Extracting value from the customer's customer is no easy task.
CIOs had better be able to swiftly implement effective IT solutions for their companies’ customers. Fail at that and you’re fired. But strategically savvy CIOs recognise that future rewards will come from implementing effective solutions for their customers’ customers. Think of it as CCRM — customer’s customer relationship management.
That’s precisely the implementation challenge confronting Ticketmaster CIO Sean Moriarty. Los Angeles-based Ticketmaster is, of course, the world’s largest and most technologically intensive ticket vendor. It has two customer sets — the people who actually buy the tickets, and the stadiums, venues, teams, leagues, bands and acts that want to sell them. I was struck by a comment Moriarty made about what most worried him as CIO.
His real management problem, he says, isn’t the technical execution of innovative ideas but convincing Ticketmaster’s best customers to give him access to their best customers. Ticketmaster wants to serve both. For example, when Ticketmaster sells tickets to a Knicks game at Madison Square Garden, it would also like to book dinner for that customer at a restaurant near the Garden.
The catch is that there may be ticket-sellers that don’t want Ticketmaster to drive their businesses. While ticket buyers — the customer’s customer — might be quite happy to obtain discount dinner coupons along with pregame reservations at a nearby restaurant, such offers could cut into lucrative concession sales at the sporting event. And that would make the venue very unhappy. That creates a classic channel conflict. How should Ticketmaster strike a balance between investing in its customers and investing in its customers’ customers?
Moriarty’s CCRM conundrum transcends tickets. Virtually every company in every industry faces some facet of this conflict. Brokers might think twice about how much access a mutual fund should have to its clients. While the funds would love to market directly to the client, the brokers don’t want the competition.
Network technology makes it even easier for channel conflicts — and channel opportunities — to arise. Ticketmaster has decided that future growth depends on its ability to use technology as a medium to create value with and for its customers. That means Moriarty has no choice but to invest time in persuading his counterparts at key client companies to participate in pilots and prototypes. And if that means Ticketmaster bankrolls the bulk of the development, so be it.
Money is just one reason customers are reluctant to jointly pilot new initiatives; Moriarty acknowledges that some clients are also nervous about sharing customer access. “We think we can make it sufficiently cheap and easy to get our clients on board,” he says. “But you have to make more of a business case than a technical case to get them to do it.”
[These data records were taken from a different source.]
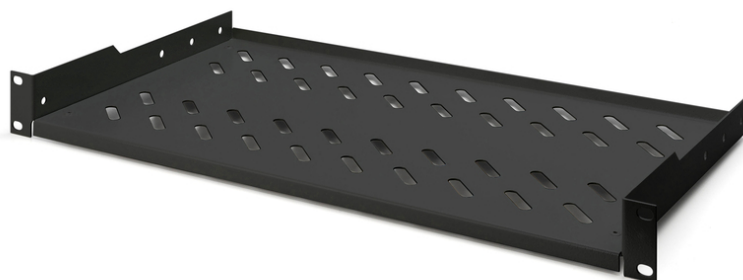

DIGITUS Półka do montażu na stałe w szafach 483 mm (19")

DN-19 TRAY-1-SW
EAN 4016032185772

**Półka 19" 1U do szaf DIGITUS, G/250, 15kg, czarny (RAL 9005)
45x483x250 mm, up to 15 kg, black (RAL 9005)**

Półki do instalacji stałej można łatwo zainstalować na przednich szynach profilowych 483 mm (19") w szafie sieciowej lub serwerowej 483 mm (19"). Dzięki stabilnej, perforowanej blasze o dużej nośności stanowią idealną powierzchnię nośną dla komponentów, których nie można zainstalować w szynach 483 mm (19").

- Instalacja stała
- Wytrzymała, perforowana blacha
- w tym materiał montażowy
- Montaż 2-punktowy (przednie szyny profilowe 19")

- Szerokość x głębokość półki wewnątrz: 441x250mm

Atrybuty

- Kolor: Czarny, RAL 9005
- Nośność: 15 kg
- Typ półki: Montowana na stałe
- Wysokość [U]: 1
- Pasuje do głębokości szafy: Każdej
- Rozstaw RACK (IEC 60297): 482.6 mm (19")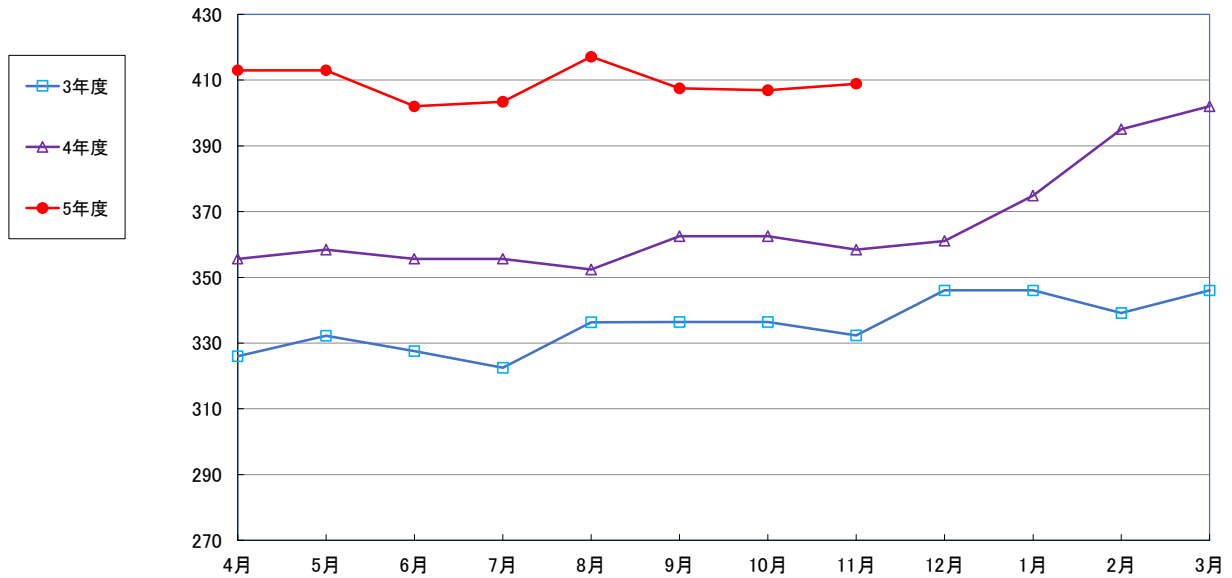

ティッシュペーパー 160組または180組 5箱

In other words, CIOs are becoming portfolio managers of pilots. It’s not enough to get their own management committees to invest in pilots, CIOs have to get customers to co-invest with them.
At this level, technical quality becomes a necessary but not sufficient condition for effective implementation. Managing the collaboration and splitting the proceeds become the dominant business issue.
Ironically, a pilot that’s too successful — that is, one that cuts too dearly into a venue’s profits — can pose an even greater threat to a collaboration than one that fails. Unambiguous success can inspire unalloyed greed. Were Ticketmaster to sell Bruce Springsteen albums online as well as concert tickets, the promoter and the record company would be furious with the middleman for stepping on what they consider their turf.
So unless the business incentives are perfectly aligned — such as, we can’t do it without them and they can’t do it without us — collaborating on a good idea will prove easier than implementing a great one.
The rise of networked pilots, supply chains and channels has to bring a greater level of transparency to the business enterprise. If you want your partners to be more open, you have to be more open. So at the very least, Ticketmaster would have to let a Madison Square Garden know how many people took advantage of that dinner promotion.
“When business goes online, transparency should be your friend,” Moriarty says. “If it isn’t, you’re screwed.”
He’s right. The key to successful piloting with partners will be making it easier for everyone to see how the benefits of collaboration will outweigh the costs. CIOs simply can’t serve their customers’ customers in the dark.